Researchers at the University of Texas M.D. Anderson Cancer Center in Houston announced at the San Antonio Breast Cancer Symposium today that high-dose chemotherapy (followed by a stem-cell transplant to rebuild the immune system) after surgery does not extend the life of breast-cancer patients. The new findings, which come after a thorough analysis of 15 trials involving 6,200 patients, should close the book on a controversial treatment that was popular during the 1980s and 1990s. At the time, doctors believed that more was better when it came to chemotherapy following cancer surgery: While it was painful...

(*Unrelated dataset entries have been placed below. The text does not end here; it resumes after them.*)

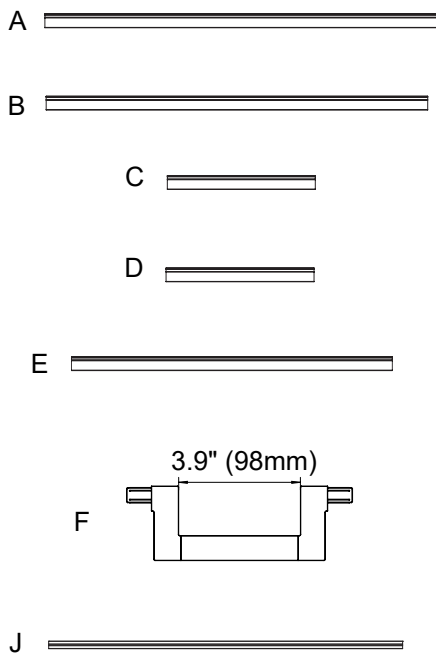

1

CODE	PART	Qty
A	Aluminum Frame – A	2
B	Aluminum Frame – B	4
C	Aluminum Frame – C	4
D	Aluminum Frame – E	2
E	Aluminum Frame – F	2
F	Lighting Mount Cutout	2
G	Outer Corner Connector	12
H	Hanging Clips	16
I	Clear Mesh Netting	3
J	Mesh Spline	3

	MT INF 190.5	MT INF 230.6
A	22.4" (570mm) x 2	28.2" (716mm) x 2
B	22.1" (560mm) x 4	21.7" (552mm) x 4
C	8.4" (214mm) x 4	11.3" (287mm) x 4
D	8.4" (213mm) x 2	8.4" (213mm) x 2
E	17.5" (445mm) x 2	17.2" (437mm) x 2

2

3

4

5

6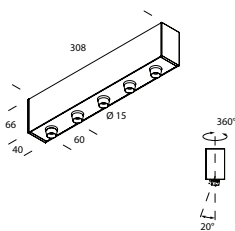

FARETÈN MINISPOT 5 PARETE/SOFFITTO

FARETÈN MINISPOT 5 WALL/CEILING

LED W	Dim.	ømm	H	Kg	lm product/beam 3000K	CODE	Col.
7,5	40x308	15	66	0.83	685	FR003.9	/01 /02

Kelvin	Beam	Dimmable (optional)
27 2700K	F 28°	D Dali
30 3000K		
40 4000K		

Per installazione in profilo Container File ordinare n.2 LT2481 staffa per fissaggio modulo luminoso all'interno della cassaforma. | To install in Container File profile order n.2 LT2481 single bracket to fix the lighting module within the wallbox.

Accessori - accessories: LTF1.1000, LTF1.2000, LTF1.3000, LTF1.misura: cassaforma File - wallbox File - LT2480.1: Coppia di testate cassaforma FILE - couple of closure heads for wallbox FILE - LT2481: staffa singola per fissaggio modulo - module fixing single bracket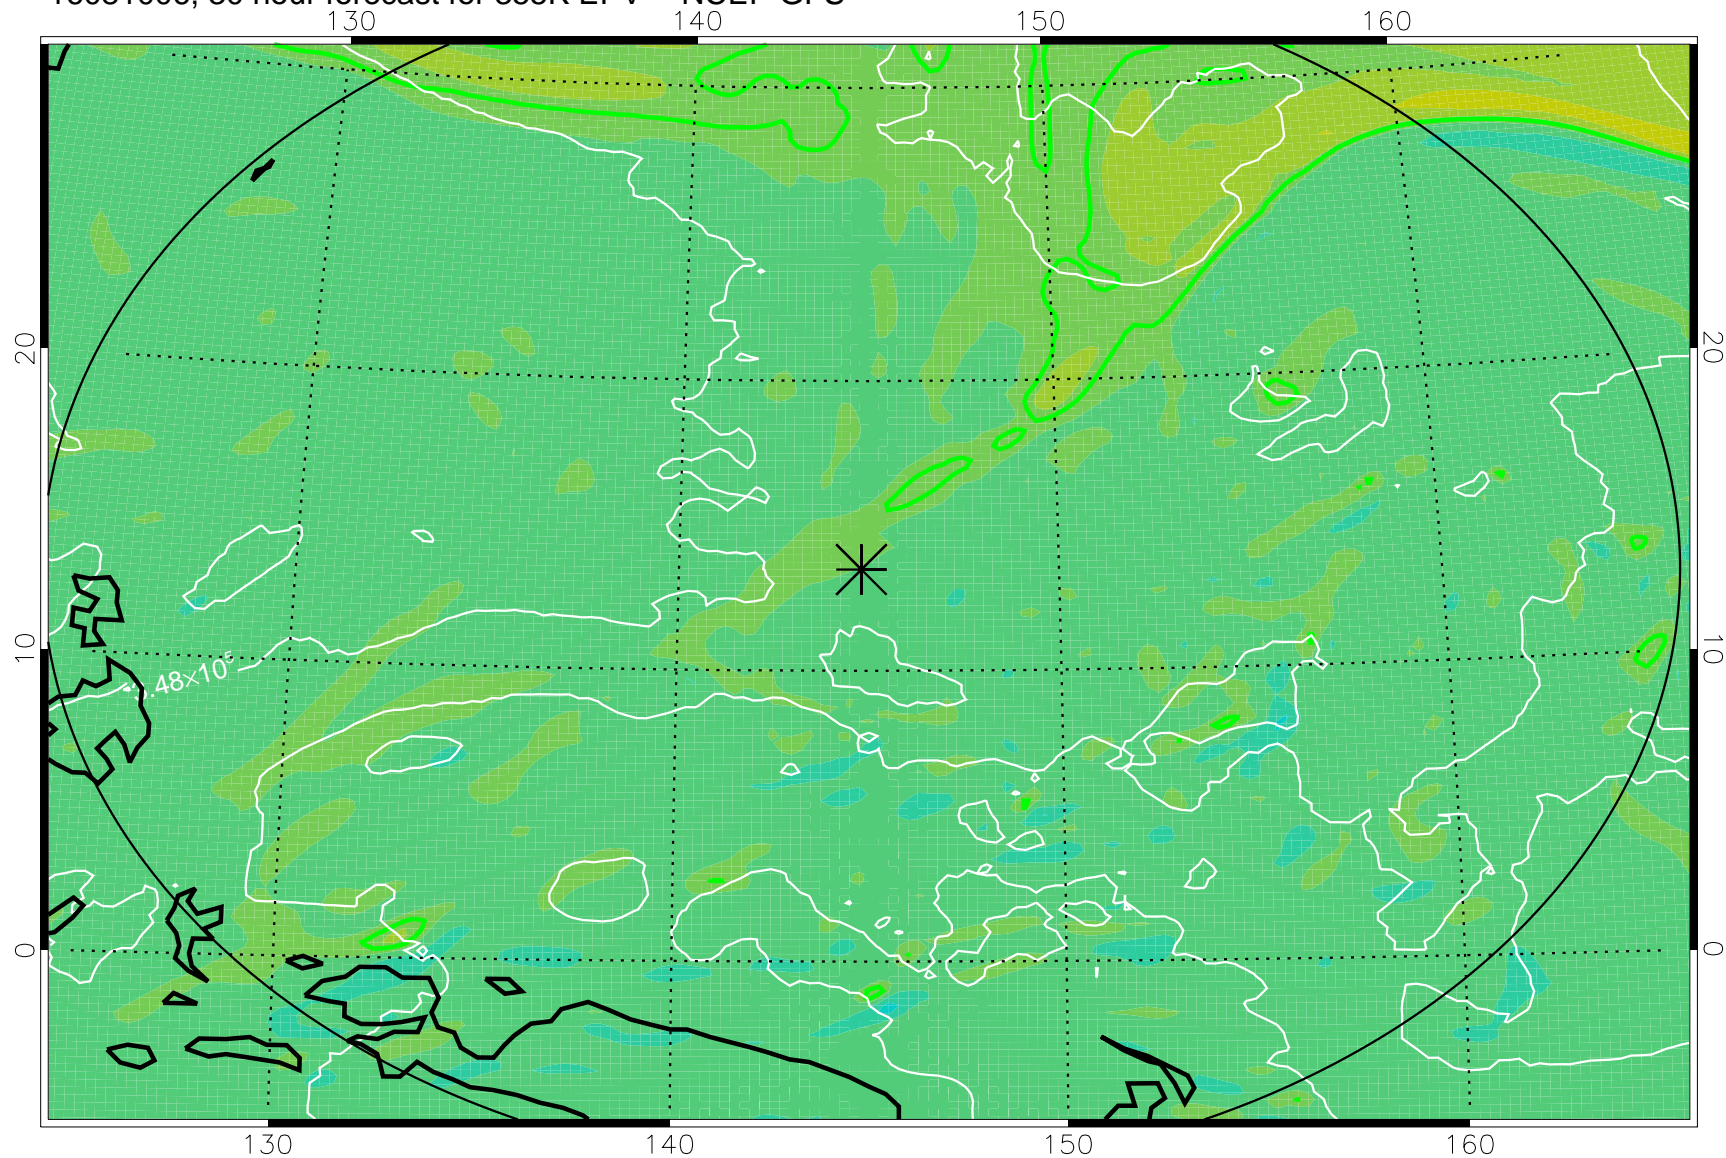

16080918, 18 hour forecast for 355K EPV -- NCEP GFS

355K Montgomery Streamfunction, white
EPV Tropopause (2 PVU) Position
Range ring of 2304 km

16081000, 24 hour forecast for 355K EPV -- NCEP GFS

355K Montgomery Streamfunction, white
EPV Tropopause (2 PVU) Position
Range ring of 2304 km

16081006, 30 hour forecast for 355K EPV -- NCEP GFS

355K Montgomery Streamfunction, white
EPV Tropopause (2 PVU) Position
Range ring of 2304 km

16081012, 36 hour forecast for 355K EPV -- NCEP GFS

355K Montgomery Streamfunction, white
EPV Tropopause (2 PVU) Position
Range ring of 2304 km

16081018, 42 hour forecast for 355K EPV -- NCEP GFS

355K Montgomery Streamfunction, white
EPV Tropopause (2 PVU) Position
Range ring of 2304 km

16081100, 48 hour forecast for 355K EPV -- NCEP GFS

355K Montgomery Streamfunction, white
EPV Tropopause (2 PVU) Position
Range ring of 2304 km

16081118, 66 hour forecast for 355K EPV -- NCEP GFS

355K Montgomery Streamfunction, white
EPV Tropopause (2 PVU) Position
Range ring of 2304 km

16081200, 72 hour forecast for 355K EPV -- NCEP GFS

355K Montgomery Streamfunction, white
EPV Tropopause (2 PVU) Position
Range ring of 2304 km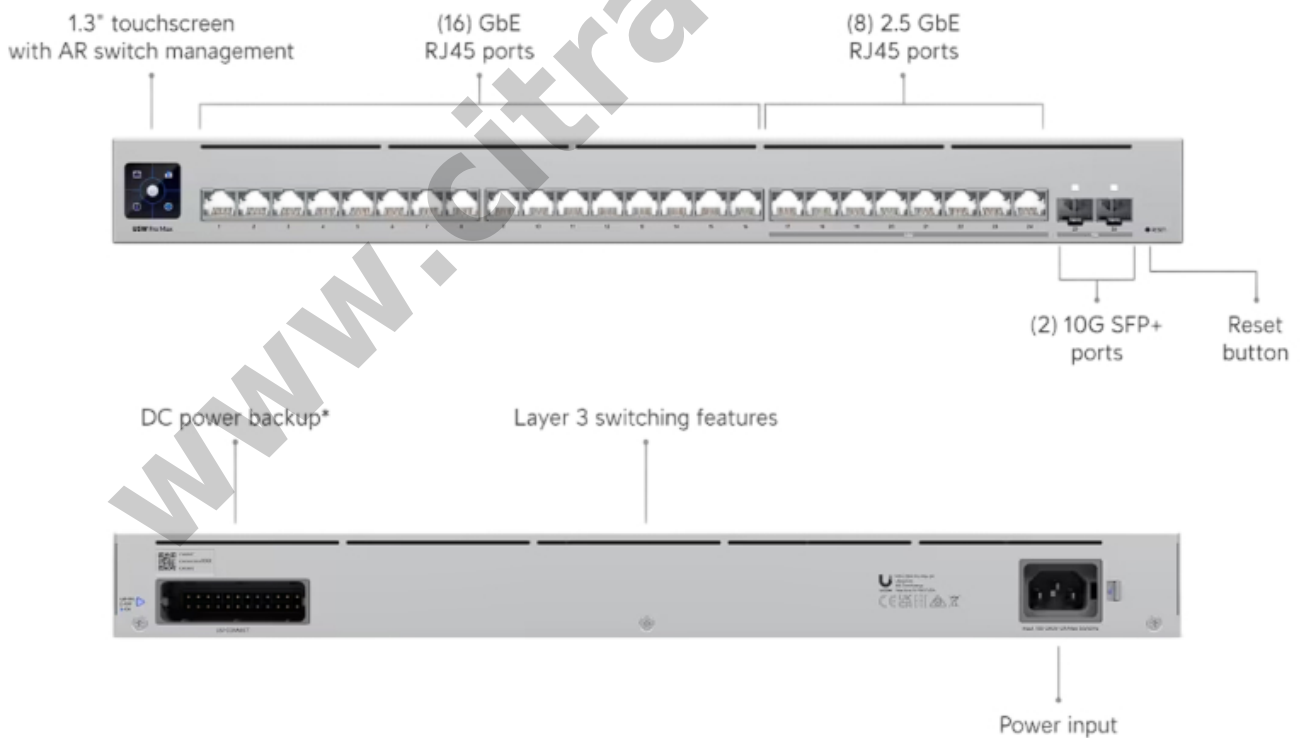

Pro Max 24 UNIFI UBIQUITI 24-Port with 2-Port SFP+ 10G Switch

Kode : USW-Pro-Max-24

Brand : Ubiquiti

Jenis : Switch Managed

Harga : Rp 8.133.000,00

USW-Pro-Max-24 UniFi 24-port, Layer 3 Etherlighting switch with 16-port GbE, 8-port 2.5 GbE, 2-port SFP+ 10G and DC Power Backup.

Produk ini merupakan produk Fix Price. Pembelian produk tidak dapat menggunakan diskon apapun.

Penawaran Harga Spesial

 **08112039555**

Specification

Model	USW-Pro-Max-24
--------------	----------------

Ports	1 GbE RJ45 : 16 2.5 GbE RJ45 : 8 10G SFP+ : 2
Layer Type	Layer 3
Switching capacity	112 Gbps
Total Non-Blocking Throughput	56 Gbps
Forwarding rate	83 Mpps
Supported VLANs	1000
MAC address table	16000
L3 Table Size	ARP Entries : 6000
Dimensions (W x D x H)	442 x 325 x 44 mm
Max. Power Consumption	50W
Power Method	(1) Universal input, 100—240V AC, 50/60 Hz (1) USP RPS DC input
Power Input Method	AC input
Power Supply	AC/DC, internal, 60W
Supported Voltage Range	100—240V AC
Management	Ethernet AR
Heat Dissipation (Excluding PoE Output)	170.6 BTU/hr
Enclosure Material	SGCC steel
Supported Rack Depth	400~1200 mm (15.7-47.2")
LCM Display	1.3" touchscreen
Ambient Operating Temperature	-5 to 40 C (23 to 104 F)
Ambient Operating Humidity	10 to 90% noncondensing
Certifications	CE, FCC, IC

...advocates for breast-cancer patients, desperate for more and better options, pushed for access to the therapy, resulting in wrangling with some health insurers who refused to cover the treatment, saying it was too experimental. With more sophisticated cancer drugs becoming available in recent years, the demand for high-dose chemotherapy has died down, but, until now, many patients and doctors have still had questions about the usefulness of the treatment...
Despite its negative results, Berry and Norton say the study holds a valuable lesson: that perhaps more important than the size of the dose is which chemo drug the doctor decides to use. Certain cancer cells will either respond to a drug or not - so boosting the dose, particularly of the wrong drug, is not likely to make any difference in these cases. Timing may also be key - spacing apart chemotherapy doses can increase the likelihood of catching tumor cells at their weakest. Taken together, lessons like these are making a difference where it counts most - in giving breast cancer...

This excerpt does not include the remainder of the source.